***** GIVEN RECORDS

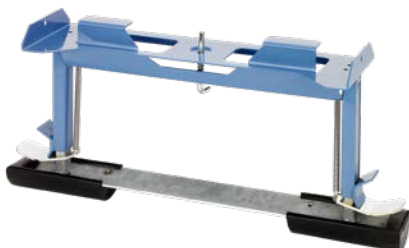

Quick installation
Use for multiple applications
German engineered

GEDA LADDER LIFT

Fast and easy installation without tools, the robust workmanship, the small footprint and the versatile application options of the GEDA Ladder Lift have already been popular with craftspeople from all sectors for decades. There is a reason why more than 90,000 items of the traditional product from GEDA have already been sold.

Special accessories enable virtually all types of materials to be transported upwards to the roof and into the building. Whether for bricklayers, interior fitters, roofers, tilers or floor installers, the GEDA Ladder Lift has the right load handling devices for any construction material and any application.

Accessories/Load carrying devices:

Ladder section 6' 6"
Art. No. 02888

Ladder section 3' 3"
Art. No. 02889

Ladder prop
Art. No. 05643

General purpose platform
Art. No. 02893

Front protector for general purpose platform
Art. No. 02862

Vario platform
Art. No. 02895

Sheet carrier
Art. No. 02831

Prop for sheet carrier
Art. No. 02812

Angle track section
Art. No. 02828

Roof tie
Art. No. 02826

Transport axle
Art. No. 02886

Liftbox
Art. No. 46309

**********

- [EXERCISE PROMPT]: Please tally the lines in the data above containing the string "installation", and give the number alone.

- [REPLY]: 2